There have also been instances where the nematodes have affected areas within the United States as well. Since 1953, Wisconsin has had to quarantine multiple areas after finding Ditylenchus destructor in local potato fields. The pathogen has also been seen in Idaho where it was a major concern initially, as potatoes are a major state crop. Other states that have had Ditylenchus destructor issues include Arkansas, California, Hawaii, Indiana, New Jersey, North Carolina, Oregon, South Carolina, Virginia, Washington and West Virginia. Fortunately, the United States has used very stringent control laws to avoid any widespread or major damage similar to that seen in the past.
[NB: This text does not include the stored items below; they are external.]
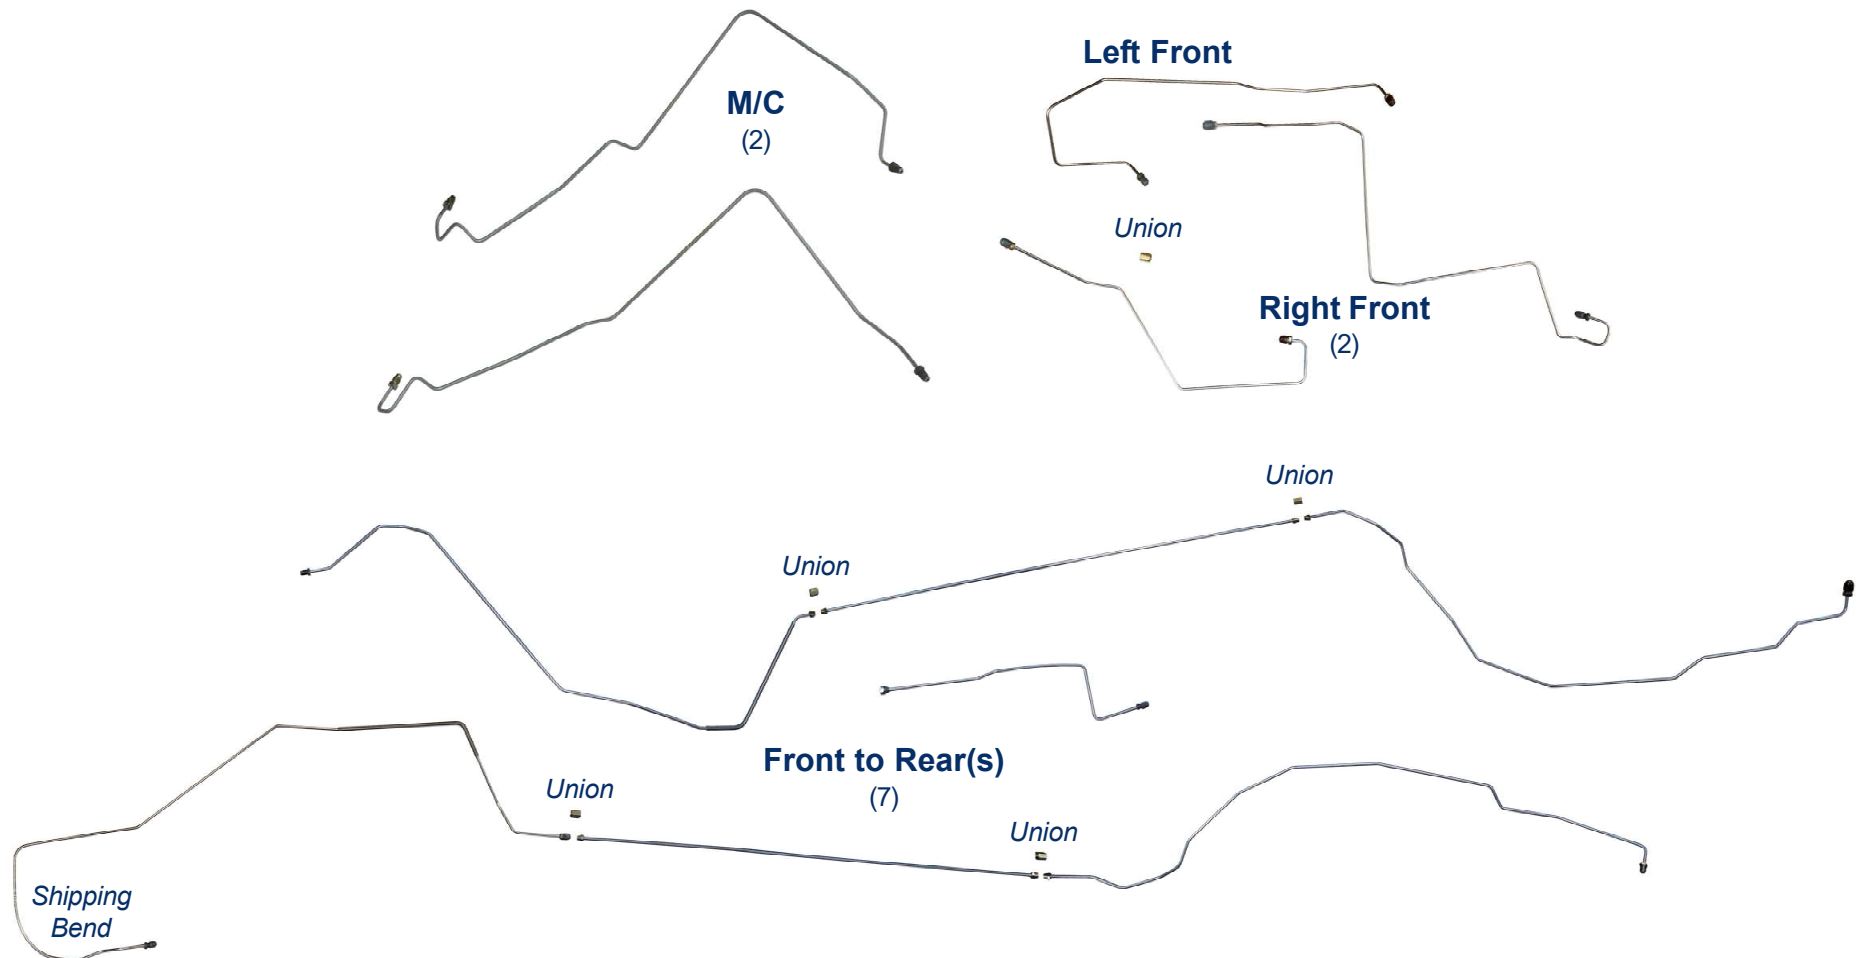

CHB9701/SCHB9701 - 12pc (+ five unions)

1997-03 Chevrolet Malibu Front Disc/Rear Drum (Top of ABS)*

OAB9701/SOAB9701 - 12pc (+ five unions)

1997-99 Oldsmobile Cutlass Front Disc/Rear Drum (Top of ABS)*

PAB9901/SPAB9901 - 12pc (+ five unions)

1999-05 Pontiac Grand Am GT/SE, 2000-04 Oldsmobile Alero Four-Wheel Disc (Top of ABS)*

Inline tube

The Professional Restorers #1 Choice

www.inlinetube.com

*Re-designed for easier shipping/installation of factory brake lines for unmodified vehicles using original components.

Images are for identification purposes and are not to scale.

rev. 9-19
© Inline Tube 2019
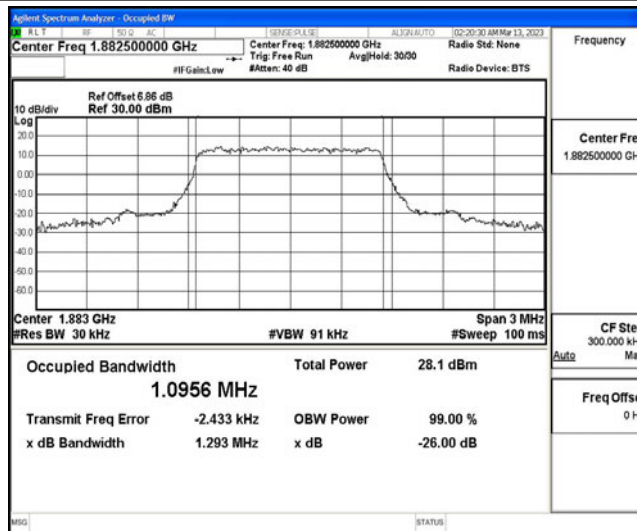

Band25-1.4MHz-QPSK-26365-6RB#0

The complete list of countries that have been affected by Ditylenchus destructor include Azerbaijan, Bangladesh, China, India, Iran, Japan, Kazakhstan, Korea, Kyrgyzstan, Malaysia, Pakistan, Saudi Arabia, Tajikistan, Turkey, Uzbekistan, South Africa, Canada, Mexico, United States, Haiti, Ecuador, Peru, Albania, Austria, Belarus, Belgium, Bulgaria, Czech Republic, Estonia, Finland, France, Germany, Greece, Hungary, Ireland, Italy, Latvia, Lithuania, Luxembourg, Moldova, Netherlands, Norway, Poland, Romania, Russia, Slovakia, Span, Sweden, Switzerland, Ukraine, United Kingdom, Australia, and New Zealand.